Grant funds would be used to install broadband infrastructure to provide a high-speed Internet connection to residents and businesses. As the bill is written, the appropriation to DEED for the program would be one-time funding of $100 million. However, based on discussion among House members and the release of budget targets, it is believed that a figure of around $25 million is more likely to be allocated toward the fund.
The bills include definitions of unserved areas and underserved areas, which differ in the House and Senate versions. The Senate defines “unserved areas” as areas in which households or businesses lack access to wireline broadband service at speeds that meet a Federal Communications Commission threshold of four megabits per second download and one megabit per second upload. The Senate definition of “underserved areas” is areas of Minnesota in which households or businesses lack access to wireline broadband service at speeds that meet the state broadband goals of 10 to 20 megabits per second download and five to 10 megabits per second upload.

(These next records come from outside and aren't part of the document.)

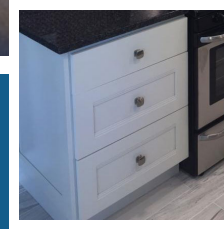

* Visit our website for details

10 x 10 Kitchen
Starting at Only \$1956.17

Vanilla Shaker Kitchen Cabinets

The Vanilla Shaker line comes standard with dovetailed drawers and undermount full extension soft close drawer glides. This feature provides a nice smooth close when the drawer is closed. The Vanilla Shaker also comes with 6 way adjustable hinges.

The Vanilla Shaker collection seamlessly mixes the traditional look of Shaker cabinetry with modern styling. These cabinets are beautifully crafted with the commitment to stability and durability that RTA Cabinet Store is known for. Whether you prefer traditional, classic design or more contemporary decor, the Vanilla Shaker line is an effortless inclusion.

The Vanilla Shaker collection is the epitome of modern style. It is one of the sleekest and most contemporary collections of all our RTA Cabinet lines. Solidly built with clean, geometric lines and a warm white tone, this line allows homeowners to truly express their design tastes. If you are going for an ultra-contemporary look or just hoping to put a modern spin on a more classic decor style, this cabinetry is for you.

Vanilla Shaker Features

- *Finish/Color: Vanilla*
- *Door Style: Flat Panel, Shaker Style*
- *Overlay: Full*
- *Sides, Top, and Bottom: 1/2" Plywood*
- *Shelves: 5/8" Plywood*
- *Assembly: Plastic Camlock*
- *Hinges: Concealed*
- *Drawer Box: 1/2" Plywood*
- *Drawer Glides: Metal Undermount - Self Closing*
- *Drawer Construction:*
- *Cabinet Style: Contemporary*

The House definition of “unserved areas” matches the Senate language of “underserved areas.” Additionally, the Senate language gives priority to areas with speeds less than the FCC definition of unserved areas.
The League supports language that gives priority to areas that do not meet the state high-speed broadband goal (minimum download speeds of 10 to 20 megabits per second and minimum upload speeds of five to 10 megabits per second), not just those areas that have less than the FCC threshold of four megabits download and one megabit upload.
2. Take Action.
City officials are strongly encouraged to contact their legislators this week to support the passage of HF 2615/SF 2056. The next stop in the Senate is the Finance Committee, which may hear the bill this week. The House bill has been laid over in the Jobs and Economic Development Committee, which means it will be considered for possible inclusion in a larger omnibus bill. The bill has bipartisan support in both the House and the Senate.
When communicating with your legislators, share your city’s broadband needs and how your community could benefit from this program.
Even if you believe your city would not be eligible for the funds based on the current criteria, your feedback and expressed support to legislators on the importance of statewide broadband infrastructure for developing local and state economies is encouraged and an integral part of the discussion on this issue.
The League has been working closely with cities and other key stakeholders to create this fund so that areas that do not currently have the state broadband goal speeds would be eligible to apply for the funds. (See LE-16 State Broadband Policy in the LMC 2014 City Policies (pdf) on page 53.)